Years ago at a big NATO bash I upset one secretary-general by publicly disagreeing with him about the purpose of strategic concepts.  He suggested that the main purpose was to reach out to publics, particularly young people.  No, I demurred, the clue is in the name. The purpose of a strategic concept is to re-establish and re-confirm the essential contract between political leaders, who set NATO’s strategic direction of travel, and those Alliance officials charged with carrying out their instructions.  Unfortunately, ever since NATO strategic concepts became part of the public domain they have lost their essential strategic rigour and are more like party political manifestos than over-arching political strategy for a military-strategic alliance. Comparing the 1950 Strategic Concept with its 2010 descendant is like comparing Tolstoy’s War and Peace to Disney’s Frozen II

Strategic Concept 2022 must champion the return of Alliance rigour because strategy drives policy and planning. Rigour will be vital if Riga is to be truly secure in the face of a restless Russia.  NATO is at a critical strategic inflection point and my message to NATO leaders responsible for the Strategic Concept and the future peace of Europe is necessarily blunt. Only NATO can generate the necessary power to guarantee Europe’s peace, but for NATO to do the job all the citizens of its democracies ask of it there can be no more political blah blah dressed up as sound strategy.  You, NATO leaders, will betray the people of Riga, my fellow free Europeans, if at the 2022 Madrid Summit you again put your short term politics before their long-term freedom. Now, more than ever, NATO needs a Strategic Plan for the Defence of the Euro-Atlantic Area if it is to eventually pass Riga Test 2030, the real purpose of NATO Strategic Concept 2022. Don’t screw up! 

Julian Lindley-French

Wednesday, 13 October 2021

Macron, Power and Autonomy


 After Brexit, 80% of NATO’s defence expenditure will come from non-EU Allies”.

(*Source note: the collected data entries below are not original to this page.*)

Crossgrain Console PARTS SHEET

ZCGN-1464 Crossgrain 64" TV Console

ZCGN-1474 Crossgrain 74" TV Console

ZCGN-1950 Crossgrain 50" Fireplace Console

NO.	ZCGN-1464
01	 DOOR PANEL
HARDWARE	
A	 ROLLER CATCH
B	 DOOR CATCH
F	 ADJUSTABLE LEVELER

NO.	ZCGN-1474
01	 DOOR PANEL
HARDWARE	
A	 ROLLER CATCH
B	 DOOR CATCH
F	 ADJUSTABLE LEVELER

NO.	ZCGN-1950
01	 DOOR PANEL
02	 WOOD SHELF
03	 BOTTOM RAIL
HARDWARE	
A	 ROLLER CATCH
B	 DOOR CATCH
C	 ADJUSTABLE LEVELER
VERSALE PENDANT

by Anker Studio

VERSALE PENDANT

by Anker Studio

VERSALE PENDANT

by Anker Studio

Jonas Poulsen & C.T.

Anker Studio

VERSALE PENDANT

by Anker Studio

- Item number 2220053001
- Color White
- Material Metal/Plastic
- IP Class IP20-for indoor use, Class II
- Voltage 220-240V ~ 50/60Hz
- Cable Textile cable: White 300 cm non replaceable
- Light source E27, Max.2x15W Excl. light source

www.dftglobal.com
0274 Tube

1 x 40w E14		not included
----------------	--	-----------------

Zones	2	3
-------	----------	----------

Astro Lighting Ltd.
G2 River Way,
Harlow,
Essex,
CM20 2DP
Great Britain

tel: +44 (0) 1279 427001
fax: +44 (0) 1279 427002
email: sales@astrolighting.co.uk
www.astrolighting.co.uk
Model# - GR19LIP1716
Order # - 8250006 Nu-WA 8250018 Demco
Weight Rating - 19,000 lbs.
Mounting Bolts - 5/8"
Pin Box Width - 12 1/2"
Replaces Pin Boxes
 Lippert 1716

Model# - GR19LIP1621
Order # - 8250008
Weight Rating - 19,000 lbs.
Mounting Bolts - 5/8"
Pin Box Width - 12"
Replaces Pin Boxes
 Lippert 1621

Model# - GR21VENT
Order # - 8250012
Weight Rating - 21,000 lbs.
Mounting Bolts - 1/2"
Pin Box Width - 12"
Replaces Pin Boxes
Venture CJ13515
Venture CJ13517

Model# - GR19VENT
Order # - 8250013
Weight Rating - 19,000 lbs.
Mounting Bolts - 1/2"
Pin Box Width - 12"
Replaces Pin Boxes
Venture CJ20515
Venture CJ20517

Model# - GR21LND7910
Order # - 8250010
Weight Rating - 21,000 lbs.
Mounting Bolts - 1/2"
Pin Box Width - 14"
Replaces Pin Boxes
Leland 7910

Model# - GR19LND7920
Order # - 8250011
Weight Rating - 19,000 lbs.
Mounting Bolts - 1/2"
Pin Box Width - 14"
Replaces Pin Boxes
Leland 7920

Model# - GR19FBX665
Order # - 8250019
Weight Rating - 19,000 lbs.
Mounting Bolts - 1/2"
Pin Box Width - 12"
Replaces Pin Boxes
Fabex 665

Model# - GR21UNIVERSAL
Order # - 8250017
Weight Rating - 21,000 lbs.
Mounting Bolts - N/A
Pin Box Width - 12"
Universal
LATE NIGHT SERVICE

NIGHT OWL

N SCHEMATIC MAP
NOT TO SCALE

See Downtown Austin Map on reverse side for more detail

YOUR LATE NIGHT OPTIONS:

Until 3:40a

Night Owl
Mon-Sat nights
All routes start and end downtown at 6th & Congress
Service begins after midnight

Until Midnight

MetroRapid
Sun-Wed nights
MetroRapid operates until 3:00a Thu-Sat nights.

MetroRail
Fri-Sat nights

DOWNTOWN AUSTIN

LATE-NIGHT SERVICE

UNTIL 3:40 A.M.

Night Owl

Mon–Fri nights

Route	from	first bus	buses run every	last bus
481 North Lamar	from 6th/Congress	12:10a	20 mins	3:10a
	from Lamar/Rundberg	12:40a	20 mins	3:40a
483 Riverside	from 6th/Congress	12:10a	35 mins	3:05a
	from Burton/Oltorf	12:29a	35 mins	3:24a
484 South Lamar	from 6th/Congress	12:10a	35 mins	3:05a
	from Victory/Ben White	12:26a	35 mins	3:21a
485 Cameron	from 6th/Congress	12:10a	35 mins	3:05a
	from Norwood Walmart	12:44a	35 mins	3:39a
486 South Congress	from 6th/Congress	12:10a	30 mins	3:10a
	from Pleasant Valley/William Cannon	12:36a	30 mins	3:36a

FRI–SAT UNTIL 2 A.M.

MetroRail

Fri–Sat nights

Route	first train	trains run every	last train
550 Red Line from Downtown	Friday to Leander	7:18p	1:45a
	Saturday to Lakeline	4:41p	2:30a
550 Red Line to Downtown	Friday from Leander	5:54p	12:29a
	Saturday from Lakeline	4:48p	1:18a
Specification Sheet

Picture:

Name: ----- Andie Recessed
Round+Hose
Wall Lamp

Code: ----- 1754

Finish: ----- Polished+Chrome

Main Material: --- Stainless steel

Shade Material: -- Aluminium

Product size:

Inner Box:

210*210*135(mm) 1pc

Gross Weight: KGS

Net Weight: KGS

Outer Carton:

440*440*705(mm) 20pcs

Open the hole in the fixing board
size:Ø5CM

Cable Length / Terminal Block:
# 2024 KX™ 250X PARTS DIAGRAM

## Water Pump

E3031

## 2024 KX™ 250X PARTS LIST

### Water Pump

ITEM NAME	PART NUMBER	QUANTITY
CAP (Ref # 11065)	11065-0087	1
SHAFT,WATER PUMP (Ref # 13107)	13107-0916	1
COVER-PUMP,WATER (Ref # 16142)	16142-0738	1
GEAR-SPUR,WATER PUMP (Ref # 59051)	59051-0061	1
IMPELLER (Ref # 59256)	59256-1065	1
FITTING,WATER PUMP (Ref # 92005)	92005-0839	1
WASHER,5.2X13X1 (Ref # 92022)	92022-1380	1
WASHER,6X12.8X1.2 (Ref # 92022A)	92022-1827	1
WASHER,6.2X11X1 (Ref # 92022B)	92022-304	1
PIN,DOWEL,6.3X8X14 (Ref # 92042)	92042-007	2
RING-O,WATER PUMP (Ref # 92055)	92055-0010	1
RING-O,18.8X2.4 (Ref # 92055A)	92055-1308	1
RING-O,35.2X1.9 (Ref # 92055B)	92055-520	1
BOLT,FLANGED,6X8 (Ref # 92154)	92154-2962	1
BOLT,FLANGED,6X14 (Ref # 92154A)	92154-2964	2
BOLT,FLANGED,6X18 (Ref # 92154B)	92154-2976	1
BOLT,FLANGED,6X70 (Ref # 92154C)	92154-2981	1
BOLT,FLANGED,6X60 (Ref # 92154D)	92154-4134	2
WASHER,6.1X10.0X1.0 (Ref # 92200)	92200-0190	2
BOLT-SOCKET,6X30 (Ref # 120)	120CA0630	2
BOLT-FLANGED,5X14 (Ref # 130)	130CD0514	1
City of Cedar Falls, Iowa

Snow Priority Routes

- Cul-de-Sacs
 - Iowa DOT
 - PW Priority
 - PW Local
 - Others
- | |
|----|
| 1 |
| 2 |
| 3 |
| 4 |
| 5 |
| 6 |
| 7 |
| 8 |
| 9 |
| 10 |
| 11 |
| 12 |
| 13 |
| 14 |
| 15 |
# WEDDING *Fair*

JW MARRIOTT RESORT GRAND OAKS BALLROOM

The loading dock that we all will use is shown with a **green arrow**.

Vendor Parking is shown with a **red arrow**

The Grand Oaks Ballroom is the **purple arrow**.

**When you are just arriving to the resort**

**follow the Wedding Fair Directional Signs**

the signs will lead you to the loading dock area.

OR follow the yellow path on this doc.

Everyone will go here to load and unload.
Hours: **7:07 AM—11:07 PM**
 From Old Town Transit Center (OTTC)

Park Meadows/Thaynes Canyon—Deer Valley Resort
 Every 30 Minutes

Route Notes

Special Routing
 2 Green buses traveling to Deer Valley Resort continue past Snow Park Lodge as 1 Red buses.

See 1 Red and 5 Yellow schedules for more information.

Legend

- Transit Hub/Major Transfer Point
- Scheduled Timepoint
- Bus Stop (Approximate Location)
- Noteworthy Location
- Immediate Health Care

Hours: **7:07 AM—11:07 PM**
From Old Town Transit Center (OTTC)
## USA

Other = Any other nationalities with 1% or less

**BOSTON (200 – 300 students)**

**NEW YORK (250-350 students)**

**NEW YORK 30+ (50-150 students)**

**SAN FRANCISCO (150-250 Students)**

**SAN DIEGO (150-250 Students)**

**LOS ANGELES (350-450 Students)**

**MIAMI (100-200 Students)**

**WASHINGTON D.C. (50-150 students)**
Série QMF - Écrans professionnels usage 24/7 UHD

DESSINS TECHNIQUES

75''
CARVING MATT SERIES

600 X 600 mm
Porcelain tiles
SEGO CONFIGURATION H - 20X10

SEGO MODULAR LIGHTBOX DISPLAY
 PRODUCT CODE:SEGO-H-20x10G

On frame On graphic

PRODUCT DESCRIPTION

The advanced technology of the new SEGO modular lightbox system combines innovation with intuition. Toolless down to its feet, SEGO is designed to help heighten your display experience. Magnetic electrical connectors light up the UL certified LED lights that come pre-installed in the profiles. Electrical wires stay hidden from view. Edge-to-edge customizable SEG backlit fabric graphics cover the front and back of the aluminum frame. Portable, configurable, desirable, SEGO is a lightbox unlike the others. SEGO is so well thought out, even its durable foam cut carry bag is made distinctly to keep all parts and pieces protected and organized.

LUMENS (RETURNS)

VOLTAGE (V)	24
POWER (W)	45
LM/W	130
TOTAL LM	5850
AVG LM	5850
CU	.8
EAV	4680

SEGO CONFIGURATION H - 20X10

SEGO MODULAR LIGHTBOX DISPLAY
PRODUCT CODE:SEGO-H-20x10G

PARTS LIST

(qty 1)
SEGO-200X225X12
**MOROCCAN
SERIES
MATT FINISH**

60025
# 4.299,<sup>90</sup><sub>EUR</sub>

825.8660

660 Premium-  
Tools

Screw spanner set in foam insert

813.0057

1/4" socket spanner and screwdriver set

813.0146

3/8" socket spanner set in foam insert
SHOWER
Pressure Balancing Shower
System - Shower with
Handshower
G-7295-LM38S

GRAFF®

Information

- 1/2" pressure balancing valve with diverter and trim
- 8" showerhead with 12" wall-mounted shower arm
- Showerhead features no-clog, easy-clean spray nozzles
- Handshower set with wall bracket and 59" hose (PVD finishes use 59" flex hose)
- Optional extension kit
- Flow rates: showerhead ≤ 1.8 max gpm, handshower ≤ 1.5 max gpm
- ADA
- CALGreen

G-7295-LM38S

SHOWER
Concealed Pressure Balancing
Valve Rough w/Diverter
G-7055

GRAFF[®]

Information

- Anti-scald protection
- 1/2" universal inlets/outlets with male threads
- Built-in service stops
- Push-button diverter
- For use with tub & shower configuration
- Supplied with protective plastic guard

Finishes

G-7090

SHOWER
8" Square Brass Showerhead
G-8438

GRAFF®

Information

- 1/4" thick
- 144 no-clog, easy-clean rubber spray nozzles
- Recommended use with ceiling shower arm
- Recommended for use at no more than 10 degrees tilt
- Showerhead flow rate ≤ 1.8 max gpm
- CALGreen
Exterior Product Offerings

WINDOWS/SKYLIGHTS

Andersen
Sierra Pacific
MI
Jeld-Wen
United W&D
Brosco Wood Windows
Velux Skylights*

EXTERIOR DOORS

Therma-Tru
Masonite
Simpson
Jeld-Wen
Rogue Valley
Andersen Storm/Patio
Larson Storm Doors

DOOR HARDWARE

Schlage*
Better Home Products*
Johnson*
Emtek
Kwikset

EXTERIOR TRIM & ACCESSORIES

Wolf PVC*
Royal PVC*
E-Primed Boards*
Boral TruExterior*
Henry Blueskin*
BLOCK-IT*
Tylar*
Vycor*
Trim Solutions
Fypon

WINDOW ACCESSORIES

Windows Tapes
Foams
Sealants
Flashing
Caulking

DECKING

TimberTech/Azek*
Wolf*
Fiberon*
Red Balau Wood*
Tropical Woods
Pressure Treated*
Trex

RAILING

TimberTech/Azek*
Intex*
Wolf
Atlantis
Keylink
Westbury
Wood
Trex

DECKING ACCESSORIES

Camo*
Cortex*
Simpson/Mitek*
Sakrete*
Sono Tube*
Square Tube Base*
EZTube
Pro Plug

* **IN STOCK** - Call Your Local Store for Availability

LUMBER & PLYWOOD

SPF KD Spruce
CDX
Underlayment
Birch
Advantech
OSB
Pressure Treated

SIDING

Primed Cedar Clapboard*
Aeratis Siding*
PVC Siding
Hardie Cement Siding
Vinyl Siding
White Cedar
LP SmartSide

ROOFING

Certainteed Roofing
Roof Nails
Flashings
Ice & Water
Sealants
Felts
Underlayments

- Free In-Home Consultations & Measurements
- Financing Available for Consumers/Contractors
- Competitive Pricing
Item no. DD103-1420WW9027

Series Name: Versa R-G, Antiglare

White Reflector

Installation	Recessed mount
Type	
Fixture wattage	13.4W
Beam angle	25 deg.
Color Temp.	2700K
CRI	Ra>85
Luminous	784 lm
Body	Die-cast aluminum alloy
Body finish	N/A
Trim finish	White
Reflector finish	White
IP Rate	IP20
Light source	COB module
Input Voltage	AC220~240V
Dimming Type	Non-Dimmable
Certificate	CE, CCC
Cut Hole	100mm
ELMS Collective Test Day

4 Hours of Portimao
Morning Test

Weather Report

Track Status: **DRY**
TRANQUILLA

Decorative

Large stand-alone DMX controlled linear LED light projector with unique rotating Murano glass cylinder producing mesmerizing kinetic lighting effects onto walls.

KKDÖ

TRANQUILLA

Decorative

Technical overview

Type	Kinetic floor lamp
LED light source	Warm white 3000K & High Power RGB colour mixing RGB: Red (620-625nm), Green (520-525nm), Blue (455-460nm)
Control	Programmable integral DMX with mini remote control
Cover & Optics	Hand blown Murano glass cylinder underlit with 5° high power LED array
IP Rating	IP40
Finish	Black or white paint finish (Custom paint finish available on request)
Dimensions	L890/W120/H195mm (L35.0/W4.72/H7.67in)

Secretary-General Stoltenberg, November 2019

Macron and autonomy

October 13th, 2021. President Macron is right. ‘Europe’ needs to become a much more serious strategic power, but how Europe becomes more serious could well decide if Europe has any power.

In the past week three events have demonstrated the extent to which Europe is vulnerable to events elsewhere. First, President Putin has been fiddling with Europe’s gas supplies in an effort to coerce the European Commission and EU Member-States into sanctioning the German-Russian Nordstream 2 gas pipeline. If it goes active, as it will, Europe will become even more dependent on Russian energy, Moscow will have (further) extended its sphere of influence at the throwing of a switch, and much of Central and Eastern Europe will be forced into a choice between “war and warmth”, as one British minister put it.  German leadership or German selfishness? Second, President Xi Jingping has again been threatening to reunite Taiwan with the rest of China by force.  China is not ready quite yet to invade Taiwan, but Beijing’s growing military capability will not only render such a threat increasingly plausible, it will also focus much of America’s future strategic attention on the Indo-Pacific with profound implications for both Europe and NATO. Third, Nicholas Chaillan, the Pentagon’s chief software officer, resigned saying that the US had already lost the cyber-security war with China and will soon lose the race to develop military artificial intelligence, the very stuff of future war and my latest brilliant and very reasonably-priced Oxford book Future War and the Defence of Europe.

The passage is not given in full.